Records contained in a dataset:
"""

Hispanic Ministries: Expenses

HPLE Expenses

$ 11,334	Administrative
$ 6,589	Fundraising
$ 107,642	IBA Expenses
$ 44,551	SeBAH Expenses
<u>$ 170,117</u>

"""
"""

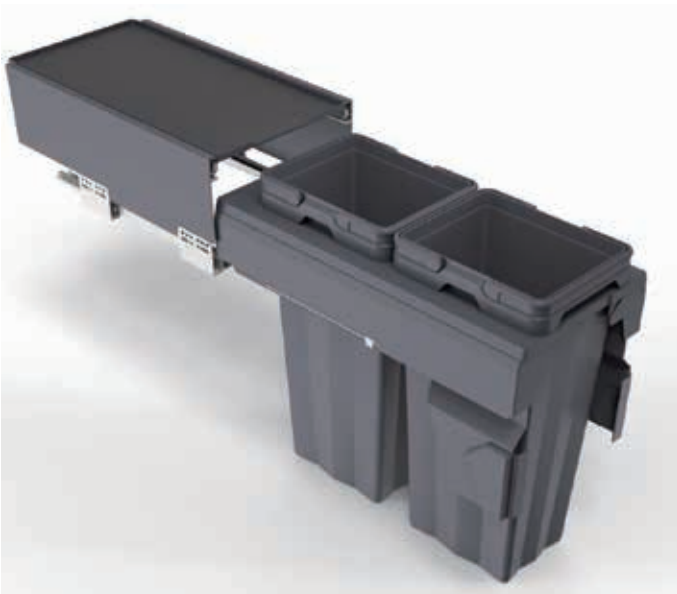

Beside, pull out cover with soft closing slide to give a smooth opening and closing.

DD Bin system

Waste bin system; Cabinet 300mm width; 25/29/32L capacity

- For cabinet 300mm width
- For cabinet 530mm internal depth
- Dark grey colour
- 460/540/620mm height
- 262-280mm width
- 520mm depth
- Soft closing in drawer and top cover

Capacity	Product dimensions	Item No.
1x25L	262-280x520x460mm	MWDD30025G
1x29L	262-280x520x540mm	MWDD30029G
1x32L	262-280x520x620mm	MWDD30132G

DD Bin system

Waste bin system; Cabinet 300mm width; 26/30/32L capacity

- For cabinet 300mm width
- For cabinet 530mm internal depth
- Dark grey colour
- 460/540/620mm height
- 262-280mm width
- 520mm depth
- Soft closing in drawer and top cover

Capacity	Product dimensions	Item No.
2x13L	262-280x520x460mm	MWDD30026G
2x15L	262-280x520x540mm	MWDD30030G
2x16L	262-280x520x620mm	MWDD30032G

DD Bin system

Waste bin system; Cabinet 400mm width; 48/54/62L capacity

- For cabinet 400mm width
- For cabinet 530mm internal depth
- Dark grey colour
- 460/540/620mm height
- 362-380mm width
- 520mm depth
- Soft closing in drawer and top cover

"""

What needs to be done →
Report how many lines of the records above contain the word "width", and give only that number.

Completed exercise →
9